Conversation
coderd/externalauth/externalauth.go
Outdated
| } | ||
| link, err := c.refreshTokenInner(ctx, db, freshLink) | ||
| return result{link, err}, nil | ||
| }) |
There was a problem hiding this comment.
Should we just do this in a transaction holding a lock in the database?
As I see it now, 1 call would likely succeed, and some N calls in parallel would fail. I'm not sure how we handle these errors at all callsites.
Ideally he N that would fail would just be stuck in a short waiting loop for the first one to succeed.
I am thinking similar to database.ReadModifyUpdate, but using a lock to prevent the N concurrent from even starting until the first is complete
There was a problem hiding this comment.
I investigated this but it's a mistake because it locks the DB connection, so if like 10 requests came in at once to a coderd it'd lock all database conns.
There was a problem hiding this comment.
The singleflight here serves exactly that purpose — N concurrent callers block on the first one, and when it completes they all get the same result. The callback also re-reads the link from DB (line 168) so if a prior singleflight call already refreshed the token, the new group sees the fresh token and skips the IDP round-trip.

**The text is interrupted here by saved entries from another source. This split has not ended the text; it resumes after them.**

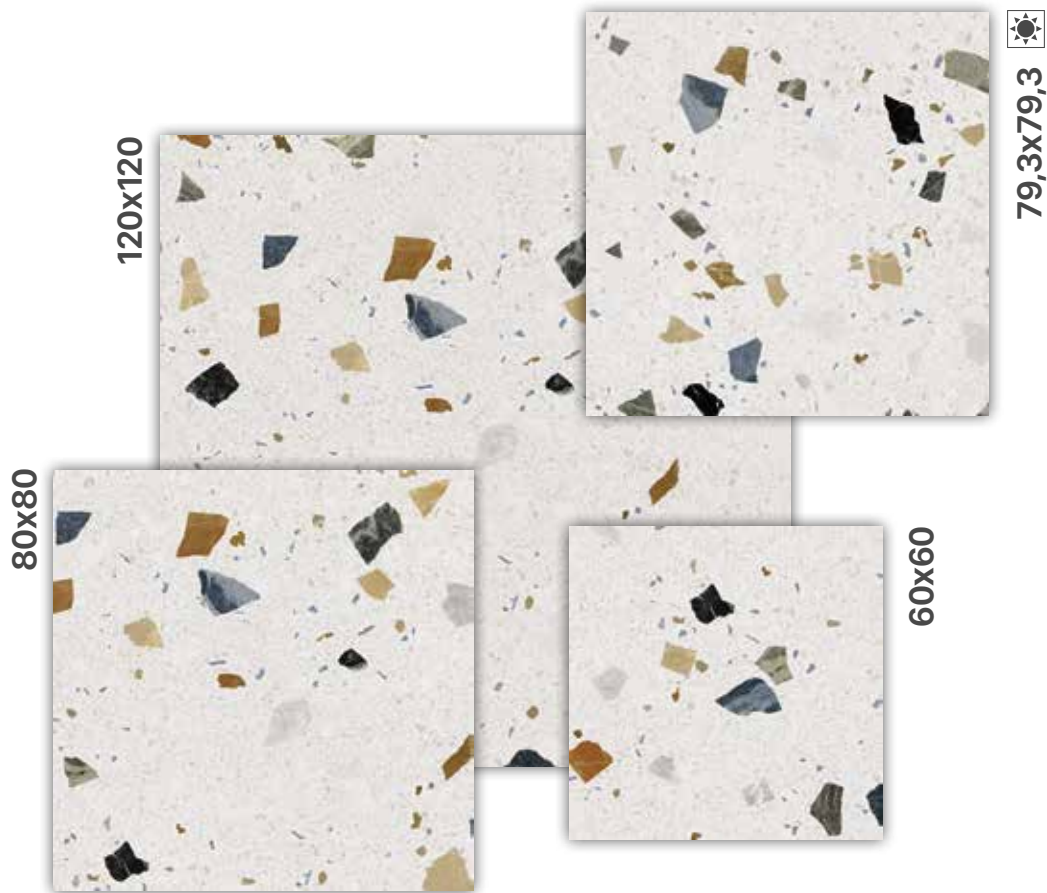

STRACCIATELLA
COLLECTION

ARCANA
CERAMICA

STRACCIATELLA COLLECTION

POLISHED

POLISHED product. It is recommended for residential use, with light pedestrian transit. Surface need to be protected during the installation and it is very important to keep a careful maintenance.

Stracciatella-R Nácar 80x80 cm

79,3x79,3 cm 31,1"x 31,1" R.053

PORCELAIN TILE

Miscela-R Nácar Polished

Stracciatella-R Nácar Polished

Miscela-R Grafito Polished

Stracciatella-R Grafito Polished

120x120 cm 47,2"x 47,2" R.055

PORCELAIN TILE

Miscela-R Nácar

Stracciatella-R Nácar

80x80 cm 31,5"x 31,5" R.031

PORCELAIN TILE

Miscela-R Nácar

Stracciatella-R Nácar

Stellato-R Multicolor

Miscela-R Grafito

Stracciatella-R Grafito

60x60 cm 23,6"x 23,6" R.014

PORCELAIN TILE

Miscela Nácar

Stracciatella Nácar

Miscela Grafito

Stracciatella Grafito
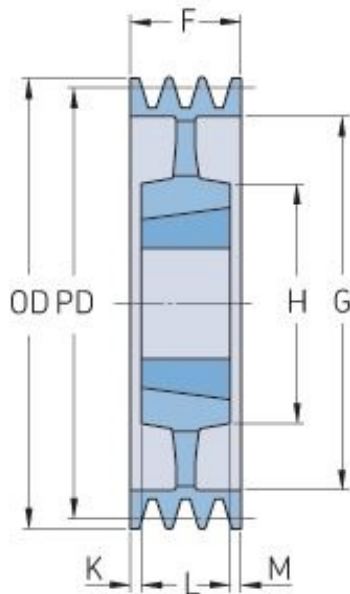

PHP 6SPZ250TB

Pitch diameter (mm)	250
Outside diameter (mm)	254
Pulley type	5
Bushing no.	2517
Min. bore (mm)	16
Max. bore (mm)	60
F (mm)	76
G (mm)	222
K (mm)	15.5
L (mm)	45
M (mm)	15.5
H (mm)	120
Weight (kg)	11.8

As Kyle noted, a DB-level lock (SELECT ... FOR UPDATE / advisory lock) would hold a connection for the duration of the external HTTP call to the IDP, which could exhaust the pool under load. The singleflight + optimistic lock combo gives us the same correctness guarantees without tying up DB resources.
There was a problem hiding this comment.
Singleflight won't work across HA, where a db lock would. We have TryAcquireLock for this reason. It still would briefly consume a conn, and backoff is probably some arbitrary duration, rather than a signal based unblock like SingleFlight.
There was a problem hiding this comment.
This solution works though because the racing refresh would never be hit right? Because it would get the other one anyways because of how we're comparing the refresh token?
There was a problem hiding this comment.
I don't believe a singleflight is even necessary in fact, our DB query being adjusted should be enough but let me check.
There was a problem hiding this comment.
Fixing this to remove the singleflight. The DB fix is indeed enough.
There was a problem hiding this comment.
It is
TokenSource().Token<- does the oauth refresh- Failed refresh
UpdateExternalAuthLinkRefreshToken
- Failed refresh
ValidateTokenon retry loop, up to 200msUpdateExternalAuthLink
So this race is ok from a db state perspective. Coder B still has a failed refresh, which could block whatever action is was needing the token for right?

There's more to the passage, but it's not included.